Given ellipse $C$: $x^2/a^2 + y^2/b^2=1$ ($a>b>0$). Ellipse $C$ passes through the point $P$: $(1,3/2)$, and has eccentricity $e=1/2$. Given line $\ell$: $x=4$. $\overline{AB}$ is the chord that intersects line $\ell$ on point $M$, and $F$ is the right focus of ellipse $C$. The slopes of $\overline{PA}$, $\overline{PB}$, and $\overline{PM}$ are respectively $k_1$, $k_2$, and $k_3$. Is there a constant $\lambda$ that satisfies $k_1 + k_2 =\lambda k_3$? If there is, please calculate $\lambda$.

How can use the last results into next input?

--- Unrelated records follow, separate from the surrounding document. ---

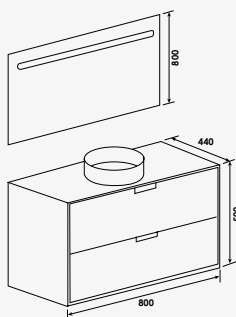

+ produit

- Meuble livré pré-monté avec miroir éclairant
- Rangement XXL : tiroirs sans découpe
- Plan marbre & vasque noir mat
- Livré avec siphon gain de place

Meuble à composer P.67

Meuble 60 cm - 1 vasque
Meuble 80 cm - 1 vasque

réf.401511312 ..... 1 481,78€
réf.401511314 ..... 1 667,24€

Meuble 120 cm - 2 vasques

réf.401511316 ..... 2 409,05€

Meuble livré monté, avec vide sanitaire 8 cm. - Tiroirs pleins sans découpe (gain de place), à ouverture totale et fermeture ralentie. - Côtés des tiroirs en métal. - Corps de meuble en MDF 16 mm laqué noir mat. - Façade 2 tiroirs en panneaux de particules mélaminé 16 mm finition Cognac. - Poignées en métal noir mat. - Plan en marbre (Microtec) 16 mm noir mat pré-percé. - Vasque à poser ronde en céramique noire mate Ø37cm et hauteur 12 cm - Trou pour vasque à poser Ø70 mm. - Trou pour robinetterie Ø35 mm. - Miroir éclairant avec bandeau LED. - Livré avec visserie de fixation murale et vidage gain de place. - Écotaxe en sus.
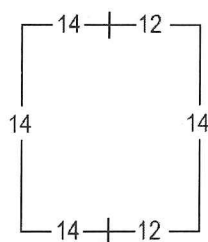

ECUADOR 1897-1928: EMISIONES WATERLOW & SONS

1901 SERIE ORDINARIA: PERSONAJES ILUSTRES

5 CENTAVOS VIOLETA GRIS Y NEGRO: JUAN MONTALVO

Perforación Tipo 1: Variable
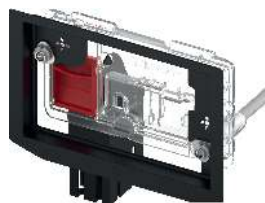

Cod	UL 1
9240950	1 buc.
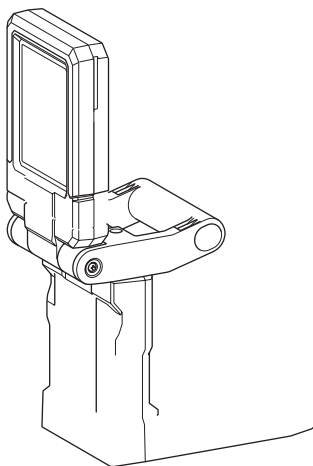

# 充电式磁吸工作灯

使用前请阅读。保留备用。

( )

		<b>DML819</b>		
		D.C. 18 V		
/ /		1,200 lm / 800 lm / 500 lm		
/ /	BL1860B	9	/ 14	/ 22
x x		172 mm	91 mm	161 mm
		172 mm	91 mm	284 mm
		0.88kg		

- 
- 
- 

-	<b>LXT</b>	<b>LXT BASIC</b>
	BL1815N / BL1820B / BL1830B / BL1840B / BL1850B / BL1860B	BLB182
	DC18RC / DC18RD / DC18RE / DC18SD / DC18SE / DC18SF / DC18SH / DC18WC	DCB18WA

Solve[{x^2/4 + y^2/3 == 1, y == k (x - 1)}, {x, y}]
{x -> (2 (2 k^2 - 3 Sqrt[1 + k^2]))/(3 + 4 k^2), 
 y -> -k + (4 k^3)/(3 + 4 k^2) - (6 k Sqrt[1 + k^2])/(3 + 4 k^2)}, 
{x -> (2 (2 k^2 + 3 Sqrt[1 + k^2]))/(3 + 4 k^2), 
 y -> -k + (4 k^3)/(3 + 4 k^2) + (6 k Sqrt[1 + k^2])/(3 + 4 k^2)}}
A = 
  {(2 (2 k^2 - 3 Sqrt[1 + k^2]))/(3 + 4 k^2), 
   -k + (4 k^3)/(3 + 4 k^2) - (6 k Sqrt[1 + k^2])/(3 + 4 k^2)};
B = 
  {(2 (2 k^2 + 3 Sqrt[1 + k^2]))/(3 + 4 k^2), 
   -k + (4 k^3)/(3 + 4 k^2) + (6 k Sqrt[1 + k^2])/(3 + 4 k^2)};
M = {4, 3 k};
P = {1, 3/2};
Simplify[k1 = (A[[2]] - P[[2]])/(A[[1]] - P[[1]]), k ∈ Reals]
Simplify[k2 = (B[[2]] - P[[2]])/(B[[1]] - P[[1]])]
Simplify[k3 = (M[[2]] - P[[2]])/(M[[1]] - P[[1]])]
Simplify[k1 + k2]
(3 + 2 k + 4 k^2 + 4 k Sqrt[1 + k^2])/(2 + 4 Sqrt[1 + k^2])

(3 + 2 k + 4 k^2 - 4 k Sqrt[1 + k^2])/(2 - 4 Sqrt[1 + k^2])

-(1/2) + k

-1 + 2 k

How can I use the result of the last and put it in the next input?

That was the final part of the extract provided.